R most preferably represents H (hydrogen) separately; nitro; amino; cyano group; fluorine; chlorine; bromine; iodine; or representative is optional separately by cyano group; fluorine; chlorine; bromine; methoxyl group; oxyethyl group; positive propoxy or isopropoxy; n-butoxy; isobutoxy; the methyl that sec-butoxy or tert.-butoxy replace; ethyl; n-propyl or sec.-propyl; normal-butyl; isobutyl-; the sec-butyl or the tertiary butyl; methoxyl group; oxyethyl group; positive propoxy or isopropoxy; n-butoxy; isobutoxy; sec-butoxy or tert.-butoxy; methylthio group; ethylmercapto group; positive rosickyite base or iprotiazem base; positive butylthio; the isobutyl sulfenyl; secondary butylthio or uncle's butylthio; methylsulfinyl; the ethyl sulfinyl; n-propyl sulfinyl or sec.-propyl sulfinyl; methyl sulphonyl; ethylsulfonyl; methylamino; ethylamino; n-propyl amino or sec.-propyl amino; normal-butyl amino; isobutylamino; sec-butyl amino or tertiary butyl amino; dimethylamino or diethylamino; perhaps; optional two adjacent R groups represent the third-1 together; 3-two bases; fourth-1; 3-two bases; fourth-1; 4-two bases; penta-1; 3-two bases; penta-1; 4-two bases or penta-1; 5-two bases; perhaps, optional two adjacent groups form phenyl ring with the azine groups that is connected with them.

13. the method for the azine group alkyl azine methane amide of preparation general formula (II), it is characterized in that, choose wantonly in the presence of thinner, and choose wantonly in the presence of reaction promoter, make the azine group alkylamine of the azine group carbonyl halides and the general formula (IV) of general formula (III)

Wherein

A ⁵, R and R ¹Have implication described in the claim 8, and

X ¹Represent halogen,

Wherein

A ¹, A ², A ³, A ⁴Has implication described in the claim 8 with X.

14. plant treatment and pest control agent, it contains one or multinomial one or more formulas (I) compound and auxiliary agent and the additive that is generally used for this purposes in the claim 1 to 6.

15. plant treatment and pest control agent, it contains in the claim 8 to 12 one or multinomial one or more formulas (II) or (II-b) compound and the auxiliary agent and the additive that are generally used for this purposes.

16. the medicament of or multinomial formula (I) compound or claim 14 is used for preventing and treating the unwanted microorganisms on plant and/or the plant and/or the purposes of animal pest in the claim 1 to 6.

17. in the claim 8 to 12 one or multinomial formula (II) or (II-b) medicament of compound or claim 15 be used for preventing and treating the unwanted microorganisms on plant and/or the plant and/or the purposes of animal pest.

18. in the control plant and/or the method for unwanted microorganisms on the plant and/or insect, wherein make described microorganism or insect directly or indirectly with claim 1 to 6 in one or multinomial formula (I) compound contact or contact with the medicament of claim 14.

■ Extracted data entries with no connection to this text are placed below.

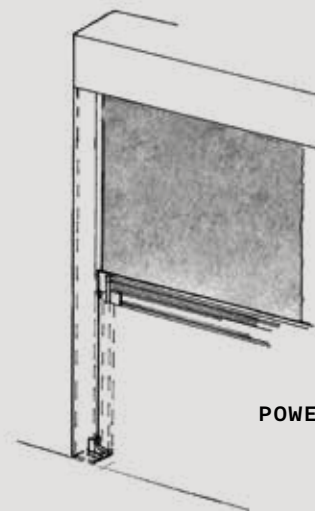

POWER SPRING SYSTEM
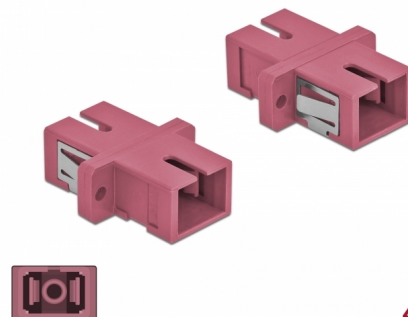

Delock Optická spojka ze zásuvky SC Simplex na zásuvku SC Simplex, Multi-mode, 4 kusy, fialová

Popis

S touto spojkou SC Simplex značky Delock lze snadno navzájem propojit dva zástrčkové konektory optických kabelů. Tato spojka umožňuje přímé připojení k optickému kabelu a je vhodná pro snadnou montáž do optických spojovacích skříní, skříněk a propojovacích panelů.

Ochrana protiprachovým krytem

Tato spojka je vybavena vhodnou čepičkou na ochranu objímky proti prachu a k zajištění její čistoty.

4 x

Číslo produktu 85995

EAN: 4043619859955

Země původu: China

Balení: Poly bag

Technické detaily

- Konektor:
 - 1 x SC Simplex samice >
 - 1 x SC Simplex samice
- Pro Multimód optiku OM4
- Keramická objímka
- S prachovou záslepkou
- Montáž prostřednictvím kovového držáku nebo šroubů
- 2 x montážní díry
- Průměr montážní díry: 2,4 mm
- Rozteč otvorů pro šroub: ca. 18 mm
- Výřez v panelu (ŠxV): cca. 13,4 x 9,5 mm
- Provozní teplota: -20 °C ~ 70 °C
- Materiál: plast
- Barva: fialová
- Rozměry (DxŠxV): cca. 27,4 x 12,7 x 9,3 mm

Systemové požadavky

- Volný port SC Simplex samec

Obsah balení

- 4 x spojky SC Simplex vazební šlen

Příslušenství

Interface

Konektor 1:	1 x SC Simplex samice
Konektor 2:	1 x SC Simplex samice

Technical characteristics
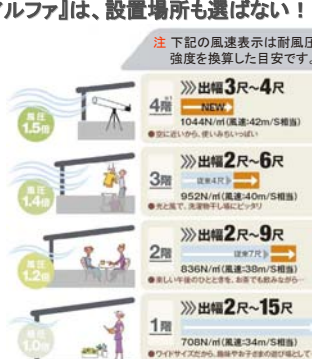

●熱線吸収率 約20%~約40%
●紫外線カット率 約50%
※熱線吸収率・紫外線カット率は、照射角度・照射時間により変動します。

強い台風や突風にも耐える
耐風圧強度最大42m/秒を実現!
業界初! 一般地域用で4階部分にも設置可能で安心な耐風圧強度!

最大42m/秒 耐風圧強度

立てられない。屋外での行動は危険な数値

「パワーアルファ」の耐風圧性能の数値は、2階バルコニーはもちろん、1階の1.4倍の風圧がかかる3階にも無事なく設置できます。最大42m/秒の優れた耐風圧性能は、業界初の4階にも設置が可能になりました。さらに出幅サイズも従来の1.5~1.2倍になりテラスの使い勝手がグーンと広がりました。

「パワーアルファ」なら、あらゆる住宅に施工可能!

優れた基本性能で、木造住宅をはじめ、軽量鉄骨、RC住宅、スパンサイディングまで、幅広い住宅に対応します。

各部を強化することにより、屋根パネルが抜けにくくなりました。

●垂木掛けの改良 ※従来品との比較
垂木掛けのフィン従来品の2倍の長さにするので、垂木のみこみを深く回転をおさえます。

●パネル抜けのメカニズム
屋根全体がしなると中間部がふくらみ、端部垂木が外側へ回転し、パネルをくわえている部分がパネルの抜ける方向へ向いて抜けやすくなります。これを防ぐため、「パワーアルファ」では垂木掛けのフィンの長さを2倍にしました。
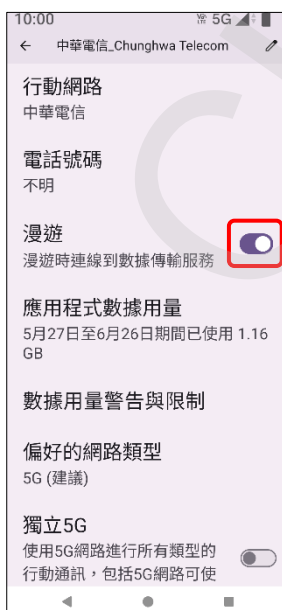

【行動上網】 數據漫遊開關

1.設定

2.網路與網際網路

3.SIM 卡

4.點選 SIM 卡

5.漫遊→開啟

6.提示說明 確定

7.完成

19. in the control plant and/or the method for unwanted microorganisms on the plant and/or insect, wherein make described microorganism or insect directly or indirectly with claim 8 to 12 in one or multinomial in formula (II) or (II-b) compound contact or contact with the medicament of claim 15.

20. one or multinomial compound or the medicament of claim 14 are used to prepare the purposes of animal doctor's medication in the claim 1 to 6.

21. in the claim 8 to 12 one or multinomial in compound or the medicament of claim 15 be used to prepare the purposes of animal doctor's medication.